(Work task)
Nothing but the records themselves, exactly as written and free of pictures, should appear in your response.

(Data records)
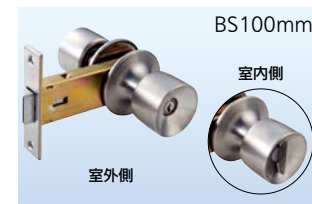

GOAL
Gロック 玄関錠 G-5N
227-1980
1セット **3,750円** (税抜き)
●①扉厚:22~34mm②バックセット:100mm
③④フロントサイズ:25×100mm⑤ねじピッチ:80mm⑥本体ピッチ:44mm●キー3本付
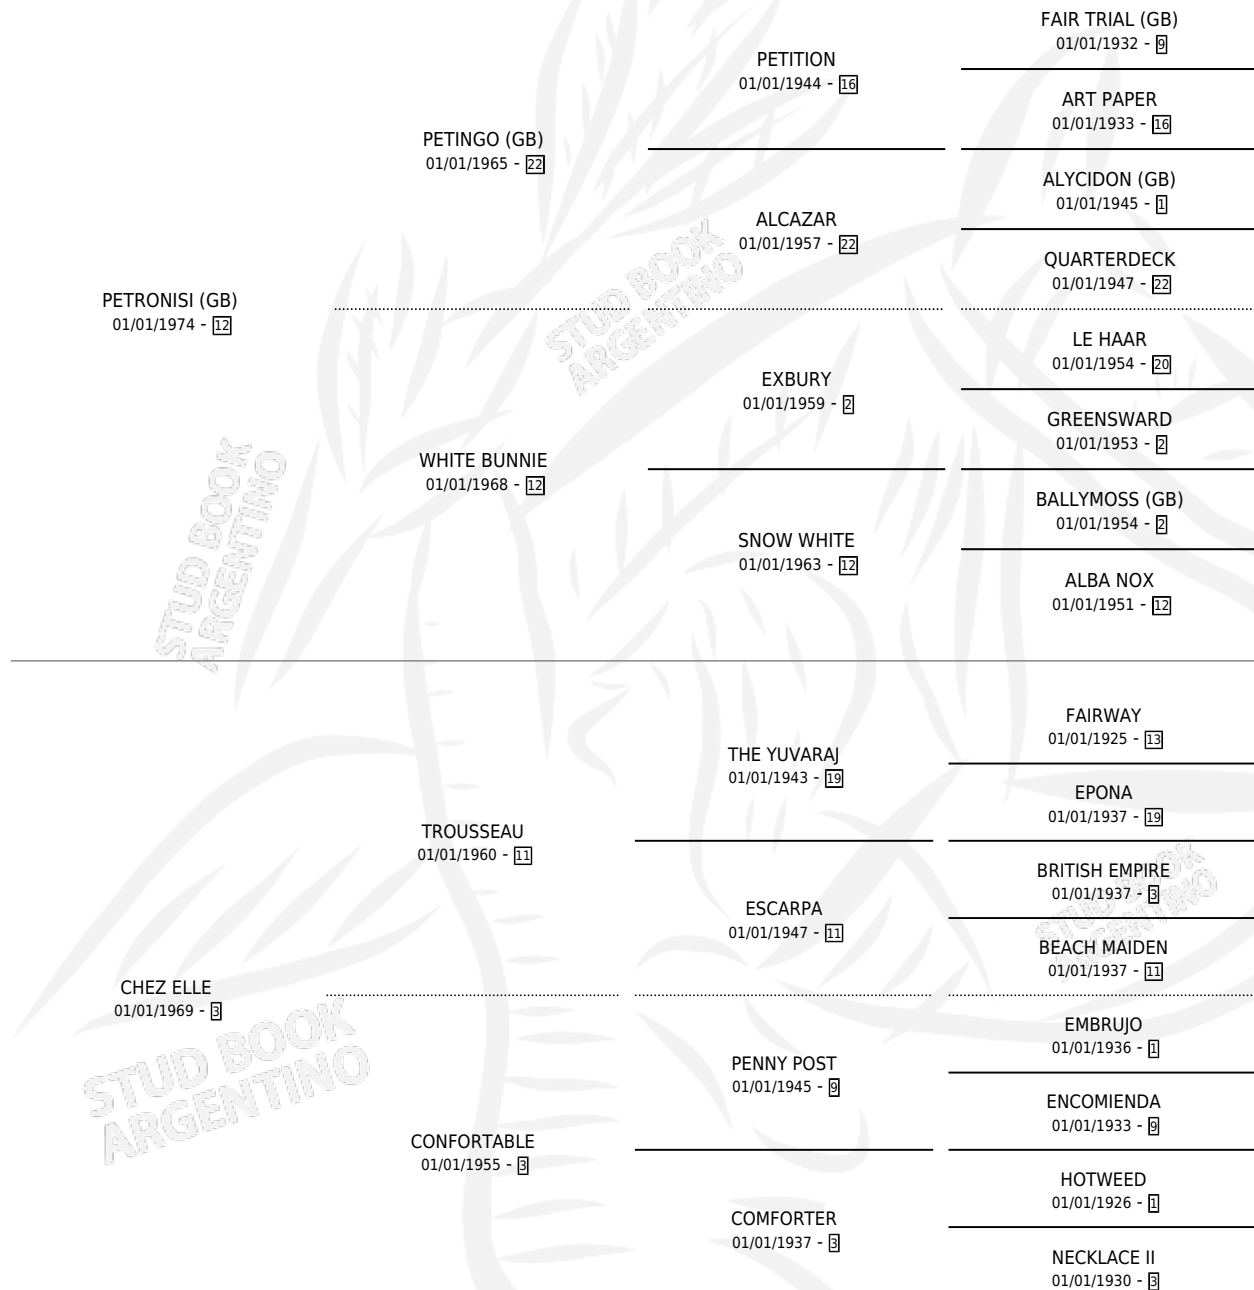

LA CHIRIMOYA

por **PETRONISI (GB)** y **CHEZ ELLE** por **TROUSSEAU**

Argentina · Hembra · Zaino · SP · 13/10/1984
Familia 3-d · Volumen 32

ESTADO

TIPIFICACIÓN SANGUÍNEA	X
TIPIFICACIÓN POR ADN	X
PASAPORTE	X
IDENTIFICACIÓN POR MICROCHIP	X
REPRODUCTOR	X

Lugar de nacimiento: Campo particular

Criador: Sin dato

PEDIGREE

LA CHIRIMOYA

Datos oficiales del Stud Book Argentino

Documento generado el 05/05/2026

studbook.org.ar
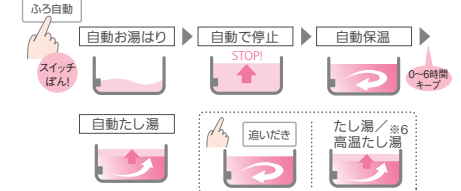

リモコン

無線LAN搭載 コミュニケーションリモコン

別売品 台所と浴室間で会話ができる。操作内容を音声や文字でお知らせ。

※写真はHE-RQWLW
「スマホでおふる」に必要な無線LANは、台所リモコンに搭載し、見た目もスッキリ。
※エコキュート本体とリモコンは有線接続が必要です。

無線LAN搭載 給湯専用リモコン

同梱 操作内容を音声や文字でお知らせ。

※増設リモコンには、「通話」機能はありません。
※給湯専用には対応していません。

給湯機のタイプ

フルオート お湯はりからたし湯まで全自動でコントロール。

セミオート 自動でお湯はり。高温さし湯、たし湯もできます。

給湯専用 手動で給湯のシンプルタイプ。

省エネ基準達成率の表示について
このマークは商品の年間給湯保温効率又は年間給湯効率、及び省エネルギー法目標基準値に対する達成率を記載してある場所を明示するものです。商品を選択するときにご参考にしてください。
※基準達成率100%未満の場合は、省エネマークの色をオレンジで表示しています。
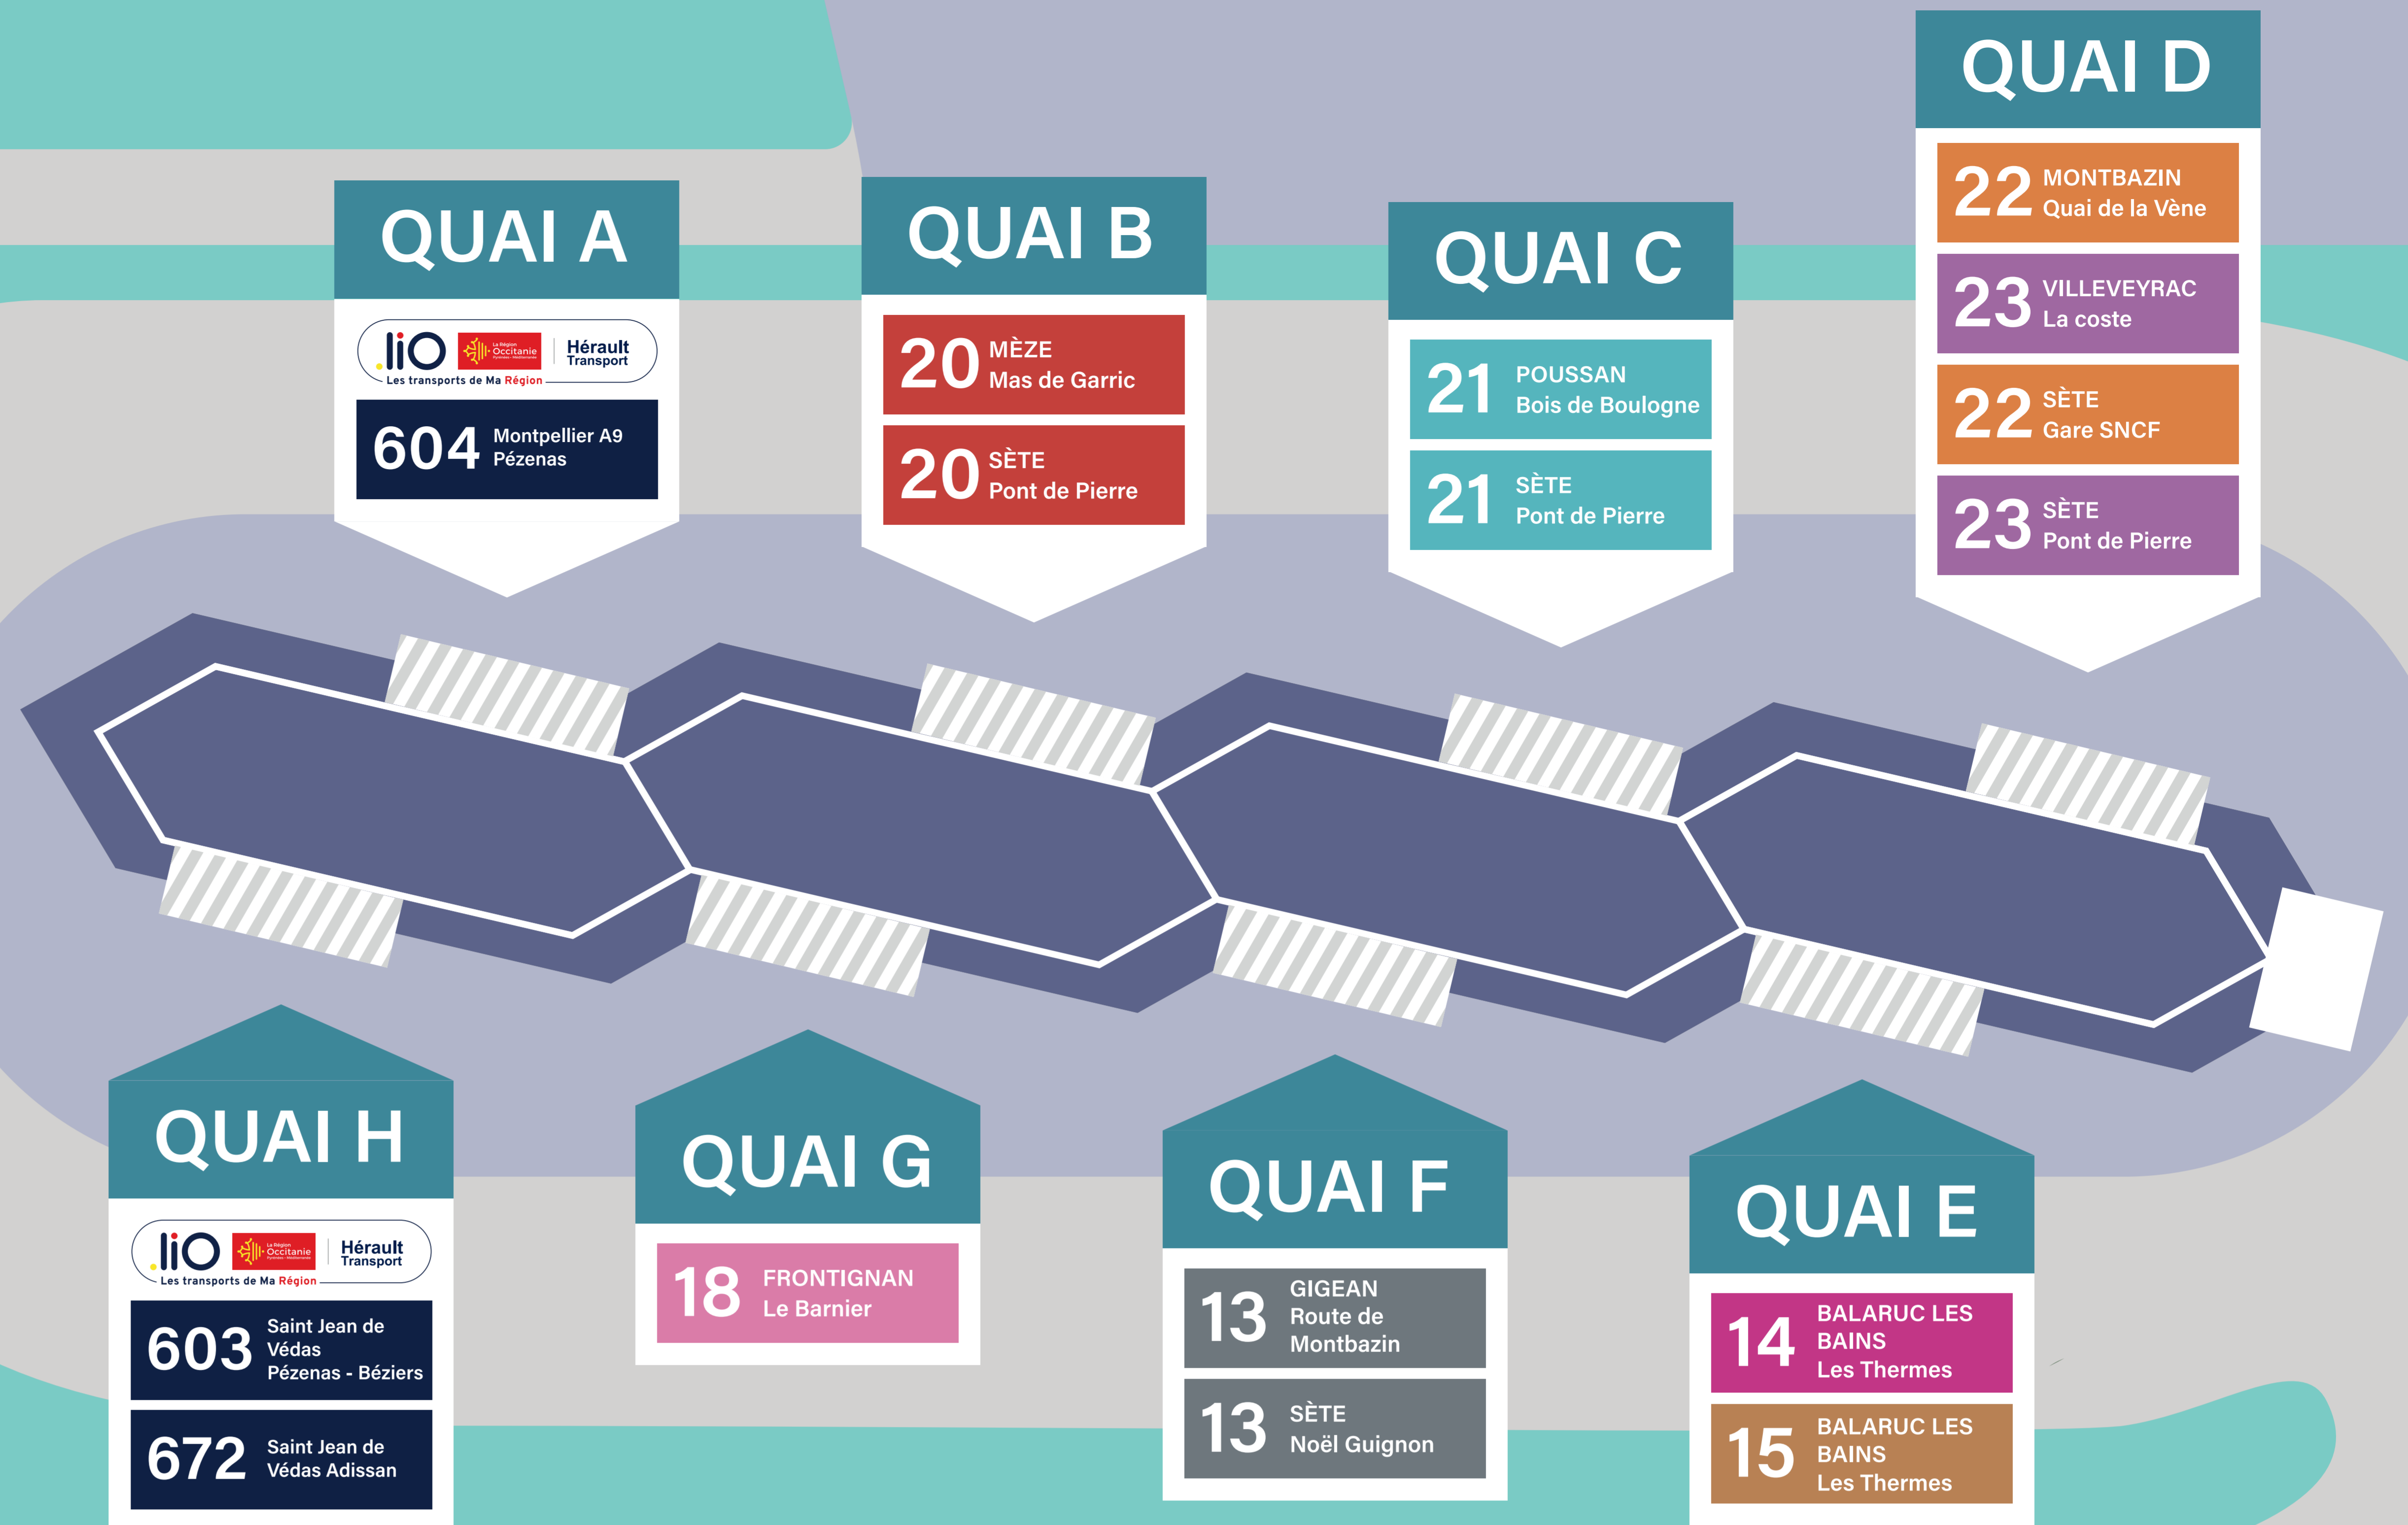

GARE ROUTIÈRE D'ÉCHANGES MULTIMODAL  
**BALARUC-LE-VIEUX**  
CENTRE COMMERCIAL

PÔLE D'ÉCHANGES MULTIMODAL  
**SÈTE**  
PARVIS SUD

**LE SITE MOBILE**

POUR TOUT  
CONNAITRE  
& TOUT SAVOIR  
SUR VOTRE  
RÉSEAU DE BUS

(Answer)
GOAL
Gロック 玄関錠 G-5N
227-1980
1セット **3,750円** (税抜き)
●①扉厚:22~34mm②バックセット:100mm
③④フロントサイズ:25×100mm⑤ねじピッチ:80mm⑥本体ピッチ:44mm●キー3本付

LA CHIRIMOYA

por **PETRONISI (GB)** y **CHEZ ELLE** por **TROUSSEAU**

Argentina · Hembra · Zaino · SP · 13/10/1984
Familia 3-d · Volumen 32

ESTADO

TIPIFICACIÓN SANGUÍNEA	X
TIPIFICACIÓN POR ADN	X
PASAPORTE	X
IDENTIFICACIÓN POR MICROCHIP	X
REPRODUCTOR	X

Lugar de nacimiento: Campo particular

Criador: Sin dato

PEDIGREE

LA CHIRIMOYA

Datos oficiales del Stud Book Argentino

Documento generado el 05/05/2026

studbook.org.ar

リモコン

無線LAN搭載 コミュニケーションリモコン

別売品 台所と浴室間で会話ができる。操作内容を音声や文字でお知らせ。

※写真はHE-RQWLW
「スマホでおふる」に必要な無線LANは、台所リモコンに搭載し、見た目もスッキリ。
※エコキュート本体とリモコンは有線接続が必要です。

無線LAN搭載 給湯専用リモコン

同梱 操作内容を音声や文字でお知らせ。

※増設リモコンには、「通話」機能はありません。
※給湯専用には対応していません。

給湯機のタイプ

フルオート お湯はりからたし湯まで全自動でコントロール。

セミオート 自動でお湯はり。高温さし湯、たし湯もできます。

給湯専用 手動で給湯のシンプルタイプ。

省エネ基準達成率の表示について
このマークは商品の年間給湯保温効率又は年間給湯効率、及び省エネルギー法目標基準値に対する達成率を記載してある場所を明示するものです。商品を選択するときにご参考にしてください。
※基準達成率100%未満の場合は、省エネマークの色をオレンジで表示しています。

GARE ROUTIÈRE D'ÉCHANGES MULTIMODAL  
**BALARUC-LE-VIEUX**  
CENTRE COMMERCIAL

PÔLE D'ÉCHANGES MULTIMODAL  
**SÈTE**  
PARVIS SUD

**LE SITE MOBILE**

POUR TOUT  
CONNAITRE  
& TOUT SAVOIR  
SUR VOTRE  
RÉSEAU DE BUS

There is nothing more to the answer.